### WHAT THE TASK REQUIRES
Working line by line, output the entries below exactly as they appear.

(Stored entries)
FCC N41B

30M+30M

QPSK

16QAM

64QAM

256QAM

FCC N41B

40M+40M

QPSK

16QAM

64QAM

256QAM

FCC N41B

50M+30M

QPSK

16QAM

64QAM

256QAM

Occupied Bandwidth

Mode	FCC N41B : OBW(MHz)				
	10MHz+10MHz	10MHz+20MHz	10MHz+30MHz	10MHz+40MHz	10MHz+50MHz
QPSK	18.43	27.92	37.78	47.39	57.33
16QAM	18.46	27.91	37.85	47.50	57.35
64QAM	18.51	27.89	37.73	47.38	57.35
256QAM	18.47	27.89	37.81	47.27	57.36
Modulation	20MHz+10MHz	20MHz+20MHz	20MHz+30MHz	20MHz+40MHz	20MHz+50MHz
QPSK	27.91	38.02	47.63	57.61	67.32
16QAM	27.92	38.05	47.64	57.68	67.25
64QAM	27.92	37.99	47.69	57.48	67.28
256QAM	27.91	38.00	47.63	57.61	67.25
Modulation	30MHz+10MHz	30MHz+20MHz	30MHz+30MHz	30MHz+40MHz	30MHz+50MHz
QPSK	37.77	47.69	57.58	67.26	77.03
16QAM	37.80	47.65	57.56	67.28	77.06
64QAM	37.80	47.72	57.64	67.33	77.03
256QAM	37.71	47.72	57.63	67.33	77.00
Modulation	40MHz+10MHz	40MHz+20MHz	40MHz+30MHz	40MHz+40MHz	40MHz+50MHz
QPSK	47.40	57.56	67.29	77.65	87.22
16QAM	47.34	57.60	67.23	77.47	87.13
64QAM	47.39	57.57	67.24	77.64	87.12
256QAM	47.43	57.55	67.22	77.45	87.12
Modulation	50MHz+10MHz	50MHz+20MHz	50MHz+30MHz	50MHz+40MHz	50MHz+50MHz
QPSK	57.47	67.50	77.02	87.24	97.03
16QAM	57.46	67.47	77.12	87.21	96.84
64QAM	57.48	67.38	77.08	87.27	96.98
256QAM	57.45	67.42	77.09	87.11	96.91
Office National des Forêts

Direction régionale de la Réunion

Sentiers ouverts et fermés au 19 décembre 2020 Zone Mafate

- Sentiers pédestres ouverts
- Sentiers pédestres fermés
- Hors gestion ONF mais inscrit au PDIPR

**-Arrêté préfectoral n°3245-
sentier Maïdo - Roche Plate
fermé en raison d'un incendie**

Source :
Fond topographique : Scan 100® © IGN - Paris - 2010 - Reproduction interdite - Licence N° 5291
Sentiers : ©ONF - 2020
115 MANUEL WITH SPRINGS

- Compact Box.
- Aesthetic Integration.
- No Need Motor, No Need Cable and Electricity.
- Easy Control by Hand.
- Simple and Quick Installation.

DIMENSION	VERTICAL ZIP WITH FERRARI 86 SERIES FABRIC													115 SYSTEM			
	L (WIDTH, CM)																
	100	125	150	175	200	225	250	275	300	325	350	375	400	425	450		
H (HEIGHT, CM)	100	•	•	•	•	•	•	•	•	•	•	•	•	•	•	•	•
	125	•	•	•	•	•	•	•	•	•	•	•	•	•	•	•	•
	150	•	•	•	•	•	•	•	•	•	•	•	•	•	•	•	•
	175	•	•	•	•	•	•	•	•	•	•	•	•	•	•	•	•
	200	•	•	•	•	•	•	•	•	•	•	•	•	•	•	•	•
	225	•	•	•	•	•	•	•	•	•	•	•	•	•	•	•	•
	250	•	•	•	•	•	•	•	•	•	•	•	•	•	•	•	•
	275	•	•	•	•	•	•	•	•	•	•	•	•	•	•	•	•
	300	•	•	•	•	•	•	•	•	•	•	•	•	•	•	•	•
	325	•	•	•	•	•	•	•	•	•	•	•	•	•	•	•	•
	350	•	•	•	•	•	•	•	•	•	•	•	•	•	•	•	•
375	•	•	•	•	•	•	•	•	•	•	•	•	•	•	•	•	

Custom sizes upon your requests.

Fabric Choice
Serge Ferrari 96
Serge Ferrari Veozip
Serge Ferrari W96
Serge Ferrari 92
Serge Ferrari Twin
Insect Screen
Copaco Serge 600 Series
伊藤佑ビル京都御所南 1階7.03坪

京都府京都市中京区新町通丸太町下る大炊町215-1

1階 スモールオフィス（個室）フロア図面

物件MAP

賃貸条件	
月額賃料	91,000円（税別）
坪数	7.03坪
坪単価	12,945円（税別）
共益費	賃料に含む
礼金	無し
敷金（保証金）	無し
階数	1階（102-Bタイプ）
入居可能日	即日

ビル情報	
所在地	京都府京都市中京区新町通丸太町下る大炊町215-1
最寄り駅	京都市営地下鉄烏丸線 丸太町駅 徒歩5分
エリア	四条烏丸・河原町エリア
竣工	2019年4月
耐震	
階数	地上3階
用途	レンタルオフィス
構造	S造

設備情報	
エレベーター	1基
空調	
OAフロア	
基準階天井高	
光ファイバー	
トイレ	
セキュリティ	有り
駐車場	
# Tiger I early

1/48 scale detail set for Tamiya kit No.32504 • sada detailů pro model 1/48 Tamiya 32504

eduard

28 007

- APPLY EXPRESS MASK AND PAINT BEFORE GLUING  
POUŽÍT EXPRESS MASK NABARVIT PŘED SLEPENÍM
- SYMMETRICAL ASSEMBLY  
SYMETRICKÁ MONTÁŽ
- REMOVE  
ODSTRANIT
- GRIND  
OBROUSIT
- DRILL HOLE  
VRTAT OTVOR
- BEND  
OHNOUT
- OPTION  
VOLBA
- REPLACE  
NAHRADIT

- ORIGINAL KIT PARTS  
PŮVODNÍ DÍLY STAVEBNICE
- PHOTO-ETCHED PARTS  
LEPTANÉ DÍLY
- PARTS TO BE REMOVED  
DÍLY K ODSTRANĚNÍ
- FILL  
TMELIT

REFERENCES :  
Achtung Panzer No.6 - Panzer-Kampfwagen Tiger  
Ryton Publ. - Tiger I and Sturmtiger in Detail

### EXERCISE OUTPUT
FCC N41B

30M+30M

QPSK

16QAM

64QAM

256QAM

FCC N41B

40M+40M

QPSK

16QAM

64QAM

256QAM

FCC N41B

50M+30M

QPSK

16QAM

64QAM

256QAM

Occupied Bandwidth

Mode	FCC N41B : OBW(MHz)				
	10MHz+10MHz	10MHz+20MHz	10MHz+30MHz	10MHz+40MHz	10MHz+50MHz
QPSK	18.43	27.92	37.78	47.39	57.33
16QAM	18.46	27.91	37.85	47.50	57.35
64QAM	18.51	27.89	37.73	47.38	57.35
256QAM	18.47	27.89	37.81	47.27	57.36
Modulation	20MHz+10MHz	20MHz+20MHz	20MHz+30MHz	20MHz+40MHz	20MHz+50MHz
QPSK	27.91	38.02	47.63	57.61	67.32
16QAM	27.92	38.05	47.64	57.68	67.25
64QAM	27.92	37.99	47.69	57.48	67.28
256QAM	27.91	38.00	47.63	57.61	67.25
Modulation	30MHz+10MHz	30MHz+20MHz	30MHz+30MHz	30MHz+40MHz	30MHz+50MHz
QPSK	37.77	47.69	57.58	67.26	77.03
16QAM	37.80	47.65	57.56	67.28	77.06
64QAM	37.80	47.72	57.64	67.33	77.03
256QAM	37.71	47.72	57.63	67.33	77.00
Modulation	40MHz+10MHz	40MHz+20MHz	40MHz+30MHz	40MHz+40MHz	40MHz+50MHz
QPSK	47.40	57.56	67.29	77.65	87.22
16QAM	47.34	57.60	67.23	77.47	87.13
64QAM	47.39	57.57	67.24	77.64	87.12
256QAM	47.43	57.55	67.22	77.45	87.12
Modulation	50MHz+10MHz	50MHz+20MHz	50MHz+30MHz	50MHz+40MHz	50MHz+50MHz
QPSK	57.47	67.50	77.02	87.24	97.03
16QAM	57.46	67.47	77.12	87.21	96.84
64QAM	57.48	67.38	77.08	87.27	96.98
256QAM	57.45	67.42	77.09	87.11	96.91
Office National des Forêts

Direction régionale de la Réunion

Sentiers ouverts et fermés au 19 décembre 2020 Zone Mafate

- Sentiers pédestres ouverts
- Sentiers pédestres fermés
- Hors gestion ONF mais inscrit au PDIPR

**-Arrêté préfectoral n°3245-
sentier Maïdo - Roche Plate
fermé en raison d'un incendie**

Source :
Fond topographique : Scan 100® © IGN - Paris - 2010 - Reproduction interdite - Licence N° 5291
Sentiers : ©ONF - 2020
115 MANUEL WITH SPRINGS

- Compact Box.
- Aesthetic Integration.
- No Need Motor, No Need Cable and Electricity.
- Easy Control by Hand.
- Simple and Quick Installation.

DIMENSION	VERTICAL ZIP WITH FERRARI 86 SERIES FABRIC													115 SYSTEM			
	L (WIDTH, CM)																
	100	125	150	175	200	225	250	275	300	325	350	375	400	425	450		
H (HEIGHT, CM)	100	•	•	•	•	•	•	•	•	•	•	•	•	•	•	•	•
	125	•	•	•	•	•	•	•	•	•	•	•	•	•	•	•	•
	150	•	•	•	•	•	•	•	•	•	•	•	•	•	•	•	•
	175	•	•	•	•	•	•	•	•	•	•	•	•	•	•	•	•
	200	•	•	•	•	•	•	•	•	•	•	•	•	•	•	•	•
	225	•	•	•	•	•	•	•	•	•	•	•	•	•	•	•	•
	250	•	•	•	•	•	•	•	•	•	•	•	•	•	•	•	•
	275	•	•	•	•	•	•	•	•	•	•	•	•	•	•	•	•
	300	•	•	•	•	•	•	•	•	•	•	•	•	•	•	•	•
	325	•	•	•	•	•	•	•	•	•	•	•	•	•	•	•	•
	350	•	•	•	•	•	•	•	•	•	•	•	•	•	•	•	•
375	•	•	•	•	•	•	•	•	•	•	•	•	•	•	•	•	

Custom sizes upon your requests.

Fabric Choice
Serge Ferrari 96
Serge Ferrari Veozip
Serge Ferrari W96
Serge Ferrari 92
Serge Ferrari Twin
Insect Screen
Copaco Serge 600 Series
伊藤佑ビル京都御所南 1階7.03坪

京都府京都市中京区新町通丸太町下る大炊町215-1

1階 スモールオフィス（個室）フロア図面

物件MAP

賃貸条件	
月額賃料	91,000円（税別）
坪数	7.03坪
坪単価	12,945円（税別）
共益費	賃料に含む
礼金	無し
敷金（保証金）	無し
階数	1階（102-Bタイプ）
入居可能日	即日

ビル情報	
所在地	京都府京都市中京区新町通丸太町下る大炊町215-1
最寄り駅	京都市営地下鉄烏丸線 丸太町駅 徒歩5分
エリア	四条烏丸・河原町エリア
竣工	2019年4月
耐震	
階数	地上3階
用途	レンタルオフィス
構造	S造

設備情報	
エレベーター	1基
空調	
OAフロア	
基準階天井高	
光ファイバー	
トイレ	
セキュリティ	有り
駐車場	
# Tiger I early

1/48 scale detail set for Tamiya kit No.32504 • sada detailů pro model 1/48 Tamiya 32504

eduard

28 007

- APPLY EXPRESS MASK AND PAINT BEFORE GLUING  
POUŽÍT EXPRESS MASK NABARVIT PŘED SLEPENÍM
- SYMMETRICAL ASSEMBLY  
SYMETRICKÁ MONTÁŽ
- REMOVE  
ODSTRANIT
- GRIND  
OBROUSIT
- DRILL HOLE  
VRTAT OTVOR
- BEND  
OHNOUT
- OPTION  
VOLBA
- REPLACE  
NAHRADIT

- ORIGINAL KIT PARTS  
PŮVODNÍ DÍLY STAVEBNICE
- PHOTO-ETCHED PARTS  
LEPTANÉ DÍLY
- PARTS TO BE REMOVED  
DÍLY K ODSTRANĚNÍ
- FILL  
TMELIT

REFERENCES :  
Achtung Panzer No.6 - Panzer-Kampfwagen Tiger  
Ryton Publ. - Tiger I and Sturmtiger in Detail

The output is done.